Practically, this requires CHROs to partner with CIOs and legal teams to craft AI policies that are understandable to employees, not just compliant with regulation. When employees in critical roles see that leadership has thought through AI impacts, that feedback channels remain open and that long term development paths still exist, they are more likely to stay and to recommend the company to other people. The strongest employer brands in the next cycle will be those that treat engagement data, AI policy clarity and team engagement as a single system, not as separate projects or campaigns.

FAQ

Why did belonging stop being the top driver of engagement?

Belonging lost its position as the top driver of engagement because employees have seen many belonging campaigns without corresponding changes in leadership behaviour, work design or recognition practices. As a result, they now prioritise confidence in senior leadership, effective change management and work life balance when answering engagement surveys. Belonging still matters, but it no longer differentiates organizations in the way it once did.

Does belonging still matter for employee engagement strategies?

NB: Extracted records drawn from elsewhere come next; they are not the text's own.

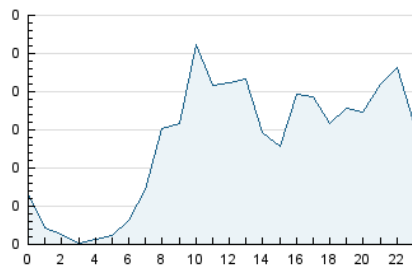

2. Seccions (Nacional)

	PÀGINES	%
HOME	703	15.48 %
RESTA	3.837	84.52 %

3. Per dia del mes (Nacional)

Dia	N. únics	Visites	Pàgines	Dia	N. únics	Visites	Pàgines	Dia	N. únics	Visites	Pàgines
1	115	134	171	11	54	62	75	21	99	116	209
2	79	92	116	12	234	282	406	22	50	54	158
3	98	111	154	13	294	358	501	23	33	36	43
4	38	42	53	14	118	156	200	24	36	44	45
5	38	44	65	15	115	139	206	25	40	42	64
6	124	147	231	16	96	112	156	26	32	36	59
7	101	124	218	17	72	82	105	27	83	97	173
8	126	152	242	18	43	48	59	28	64	76	122
9	78	91	136	19	40	41	43	29	73	83	115
10	46	54	83	20	92	100	148	30	47	56	88
								31	61	70	96

4. Gràfiques (Nacional)

4.1 Per dia de la setmana (promig)

N. únics / Visites (x 100)

Pàgines (x 100)

4.2 Per franja horària (promig)

Visites_ (x 1000)

Pàgines (x 1000)

4.3 Per mesos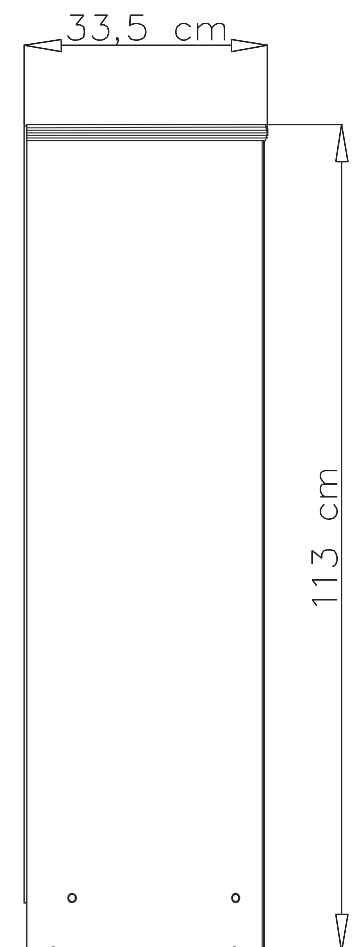

INSTRUKCJA MONTAŻU FITTING-UP INSTRUCTION AUFBAUANLEITUNG

POP SYSTEM

ko/11/5

BLACK RED WHITE S.A.
UL. KRZESZOWSKA 63
23-400 BILGORAJ
e-mail: brw@brw.com.pl, <http://www.brw.com.pl>.

113x33,5x54 /cm/

POP SYSTEM

ko/11/5

Symbol elementu Element symbol Elementeszeichen	Wymiary Measuerments Ausmaß	Kod Code Kode
1	1105x325	SK1-101
2	1105x325	SK1-102
3	540x330	SK1-209
4	502x321	SK1-320
5	501x290	SK1-371
6	502x60	SK1-403
7	1065x531	SK1-9904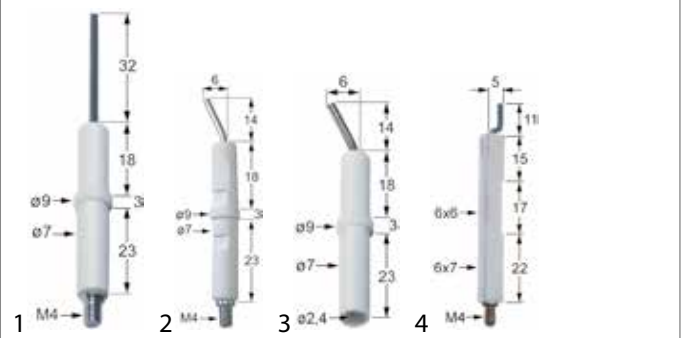

SIT

Abb.	GEV-Nr.	Beschreibung	Vergl.-Nr.
1	100701	Zündelektrode	0915035
2	100706	Zündelektrode	0915036
3	100707	Zündelektrode	0915037
4	100708	Zündelektrode	G6058011

Star10

Abb.	GEV-Nr.	Beschreibung	Vergl.-Nr.
1	100701	Zündelektrode	X13001
2	100706	Zündelektrode	X14600
3	100729	Zündelektrode	068032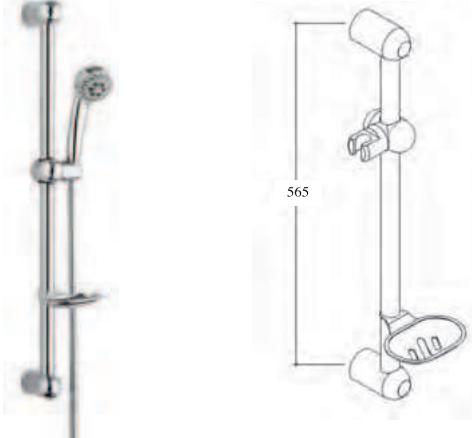

CLASSIC

51060	24	340,00
-------	----	--------

- Paslanmaz ss 304 sürgü seti
- Ø25 boru
- Ergonomik el duşu

ECON

51040	24	322,00
-------	----	--------

- Paslanmaz ss 304 sürgü seti
- Ø25 boru

SLİM ASKILI

- Ultra ince tasarım
- İnce, çift kenetli örgülü duş spirali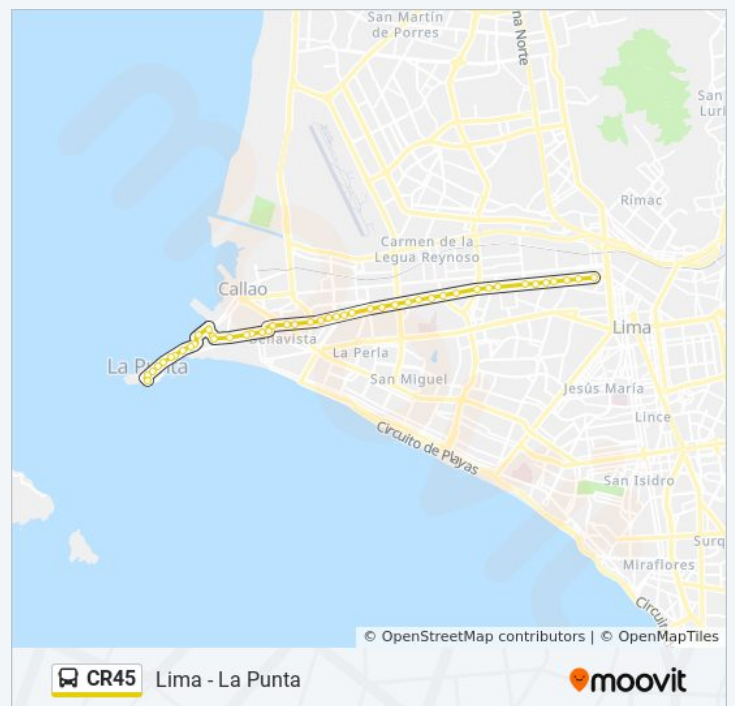

Cárcamo

Tingo María

Avenida Oscar R. Benavides, 4

Naciones Unidas

Avenida Oscar R. Benavides, 1566

Dueñas

Arrieta

Avenida Oscar R. Benavides, 2480

Avenida Oscar R. Benavides, 2650

Avenida Oscar R. Benavides, 6033

Avenida Oscar R. Benavides, 5705

Denky

Plaza Veá Colonial

Avenida Oscar R. Benavides, 4651

Faucett

Mall Plaza Aventura Bellavista

Insurgentes

Pacífico

Avenida Oscar R. Benavides

Poder Judicial Del Callao

Avenida Oscar R. Benavides, 2689

Cementerio Baquijano - Callao

Avenida Oscar R. Benavides, 2223

Avenida Oscar R. Benavides, 1758

Guardia Chalaca

Plaza Veá

Pacífico

Vigil

Villar

Cochrane

Colón / 2 De Mayo

Colón / Paz Soldán

Paz Soldan

miércoles	5:30 - 23:30
jueves	5:30 - 23:30
viernes	5:30 - 23:30
sábado	5:30 - 23:30
domingo	5:30 - 23:30

Información de la línea CR45 de autobús

Dirección: Lima - La Punta

Paradas: 46

Duración del viaje: 38 min

Resumen de la línea: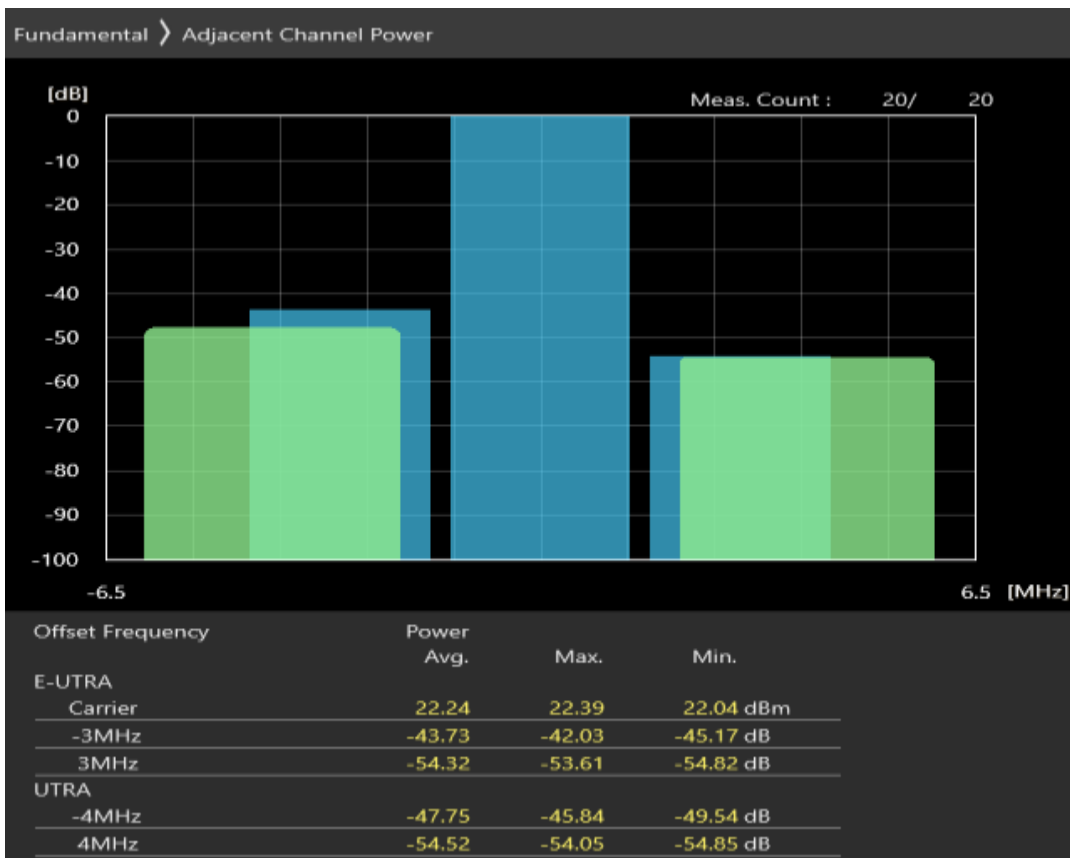

Band28 QPSK BW=3MHz Channel=27225 RB Size=4 Position=#0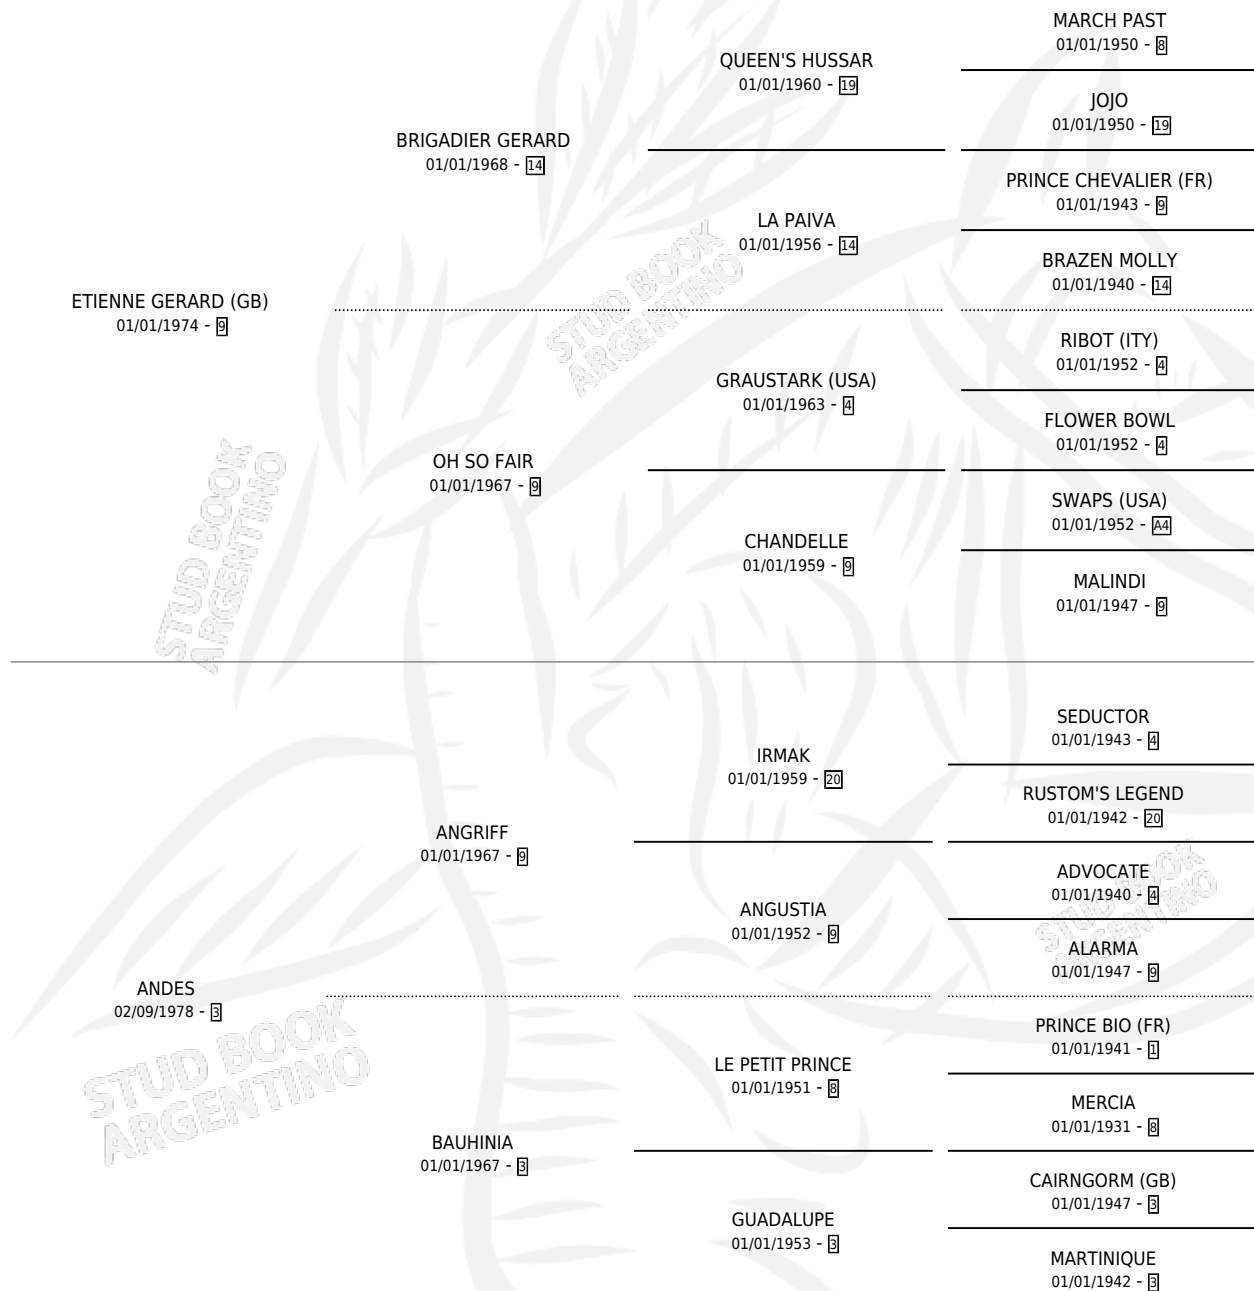

URALES

por **ETIENNE GERARD (GB)** y **ANDES** por **ANGRIFF**

Argentina · Macho · Alazan · SP · 16/10/1983
Familia 3-d · Volumen 31

ESTADO

TIPIFICACIÓN SANGUÍNEA	X
TIPIFICACIÓN POR ADN	X
PASAPORTE	X
IDENTIFICACIÓN POR MICROCHIP	X
REPRODUCTOR	X

Lugar de nacimiento: Campo particular

Criador: Sin dato

PEDIGREE

CAMPAÑA

Solo carreras oficiales de Argentina

POR EDAD

EDAD	CC	1°	2°	3°	4°	5°	NP	CLC	CLG	CLCG1	CLGG1	IMPORTE	GANANCIA / CC
5 AÑOS	3	0	0	0	0	0	3	0	0	0	0	\$0	\$0
TOTALES	3	0	0	0	0	0	3	0	0	0	0	\$0	\$0
%		0.0%	0.0%	0.0%	0.0%	0.0%	100%	0.0%	0.0%	0.0%	0.0%		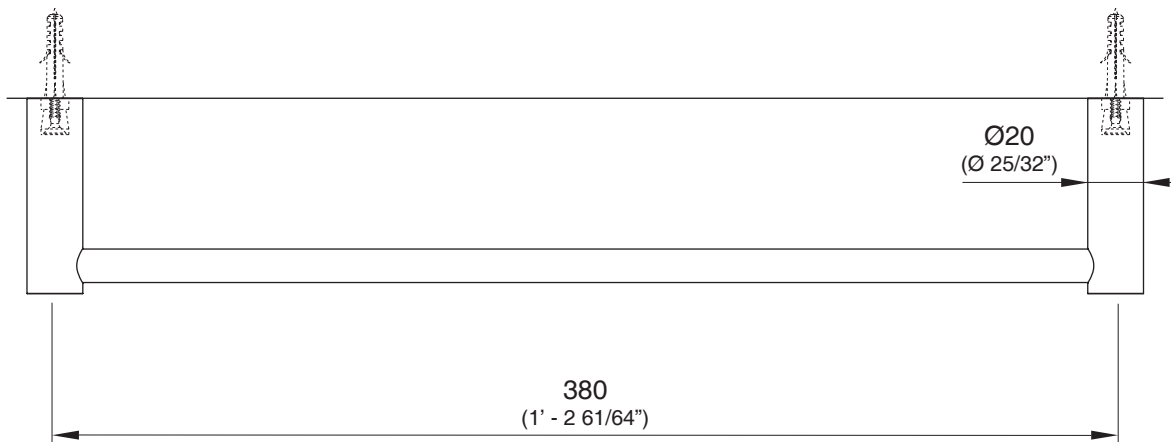

STE02 _REV1.1

STE02/STEM
AISI 304 STAINLESS STEEL

Portasalviette

Towel rail

CEA DESIGN STUDIO

STE02 _REV1.1

RICAMBI / SPARE PARTS

RICS232 Kit di fissaggio / *Fixing kit*

LEGENDA / LEGEND

ICONE / ICONS

 Utensile incluso nel ricambio
Tool included in spare part

CEA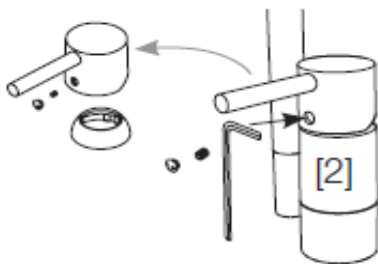

Bytte av innsats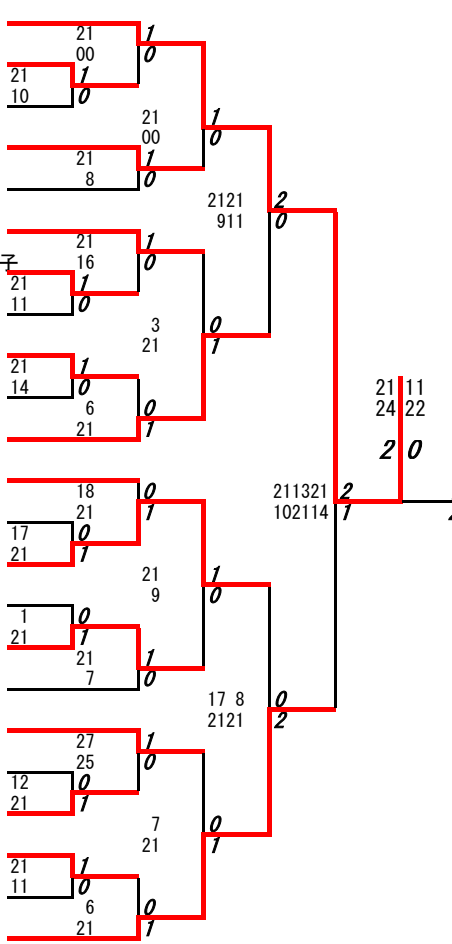

2018年度 新人戦：バドミントン：女子ダブルス

第1ブロック

名前の赤色はベスト16

第2ブロック

第3ブロック

- 48 森山紗帆・佐々木りん
(八代白百合)
- 49 秋永ちひろ・大友美空
(熊本)
- 50 上村美緒・榮胡桃
(熊本農業)
- 51 福田望絵・坊迫裕加利
(翔陽)
- 52 假屋さくら・下田菜月
(御船)
- 53 植原紗季・倉原舞
(鹿本)
- 54 益田樹里亜・小林南菜子
(大津)
- 55 林田佳澄・佐藤葵
(ルーテル学院)
- 56 井福あかり・川野亜実
(必由館)
- 57 柴田滯奈・佐々木桃子
(水俣)
- 58 荒田薫・萩野睦
(信愛女学院)
- 59 廣田彩夏・桐生ひなた
(東稜)
- 60 藤坂梨那・福山真菜
(八代東)
- 61 平田優月・中島映智
(玉名)
- 62 野嶋愛純・白濱佑奈
(天草)
- 63 岩山志桜里・平野爽
(玉名女子B)
- 64 九郎丸美紅・北園陽香
(宇土)
- 65 川原春瑠愛・東町柴奈
(千原台)
- 66 福田愛加・佐藤七海
(熊本商業B)
- 67 沖田梓帆・宮崎未鈴
(熊本高専八代)
- 68 濱田愛美・田中優菜
(八代工業)
- 69 佐村花穂・徳永京花
(慶誠)
- 70 河津愛梨・城戸彩華
(熊本中央)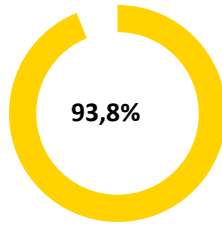

Pünktlichkeitsquote KW 24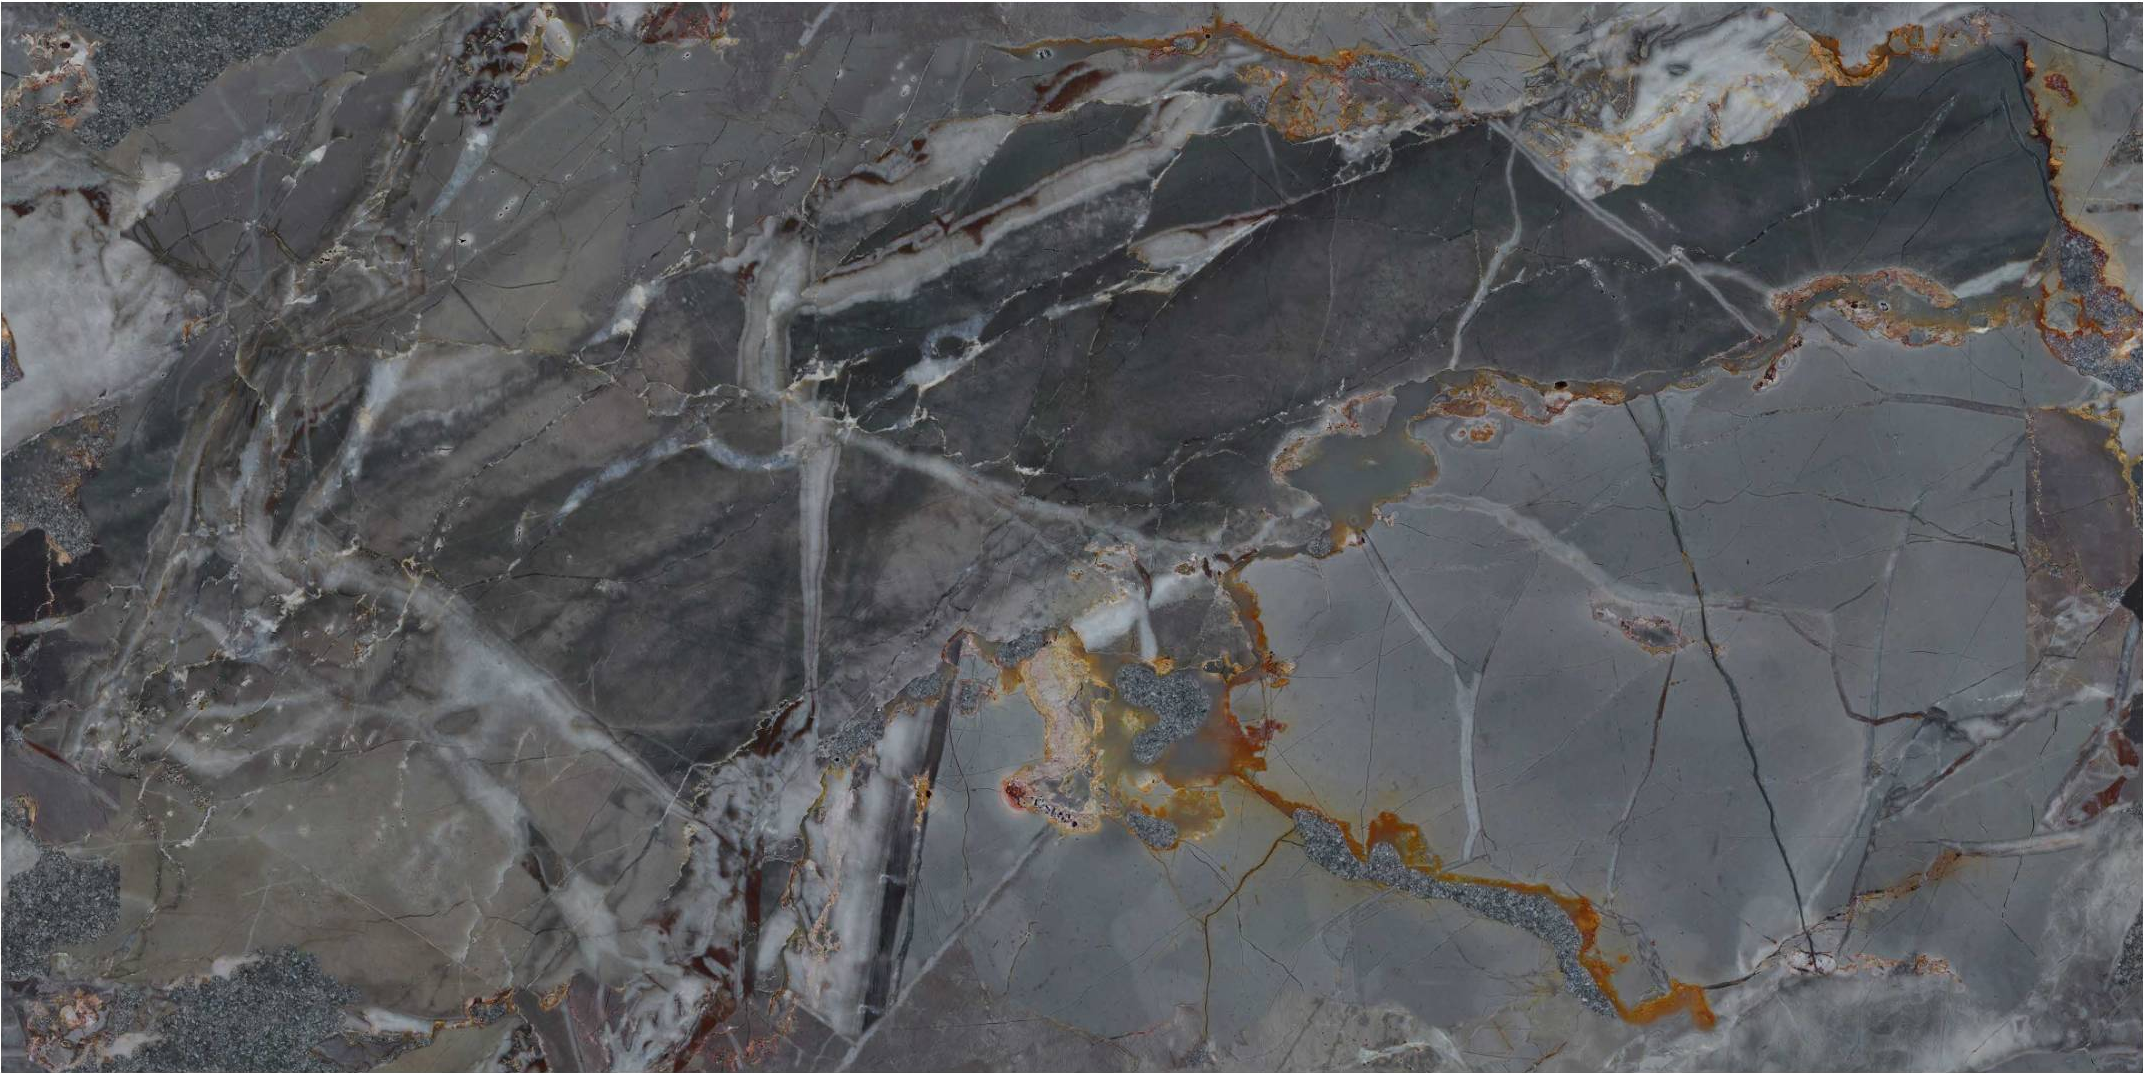

600x
1200mm

ADMIER GREY

Finish : HIGH GLOSSY

Random : 4 FACE

Belonging remains important, especially at the team level where daily interactions shape how employees feel about their work and colleagues. The data shows that strong teams have more impact on belonging than organisation wide programs, so team engagement is where you should focus. Use belonging language only when you can back it with evidence from engagement statistics, recognition practices and real growth opportunities.

How should employer brands adapt their messaging to these new drivers?

Employer brands should shift from generic belonging promises toward concrete proof points about leadership quality, change management and work life balance. Candidates and employees now look for signals that managers are equipped to handle disruption, that mental health is taken seriously and that engagement survey feedback leads to action. Highlight specific practices, such as transparent AI policies or manager development programs, rather than abstract culture statements.

What is the role of managers in sustaining engagement levels now?

Managers are now the primary architects of employee experience, because they control workload, priorities, feedback and recognition in real time. Their ability to interpret engagement survey data, respond to pulse surveys and create growth opportunities has more impact on engagement levels than most central HR initiatives. Investing in leadership development for managers is therefore one of the most effective engagement strategies available.

How does AI policy clarity influence employee engagement?

Clear AI policies reduce uncertainty about how technology will affect jobs, data privacy and workload, which directly influences how safe employees feel. When organizations explain AI use cases, governance and safeguards in accessible language, employees are more likely to see AI as supportive rather than threatening. This clarity becomes a new driver of trust, engagement and long term commitment to the company.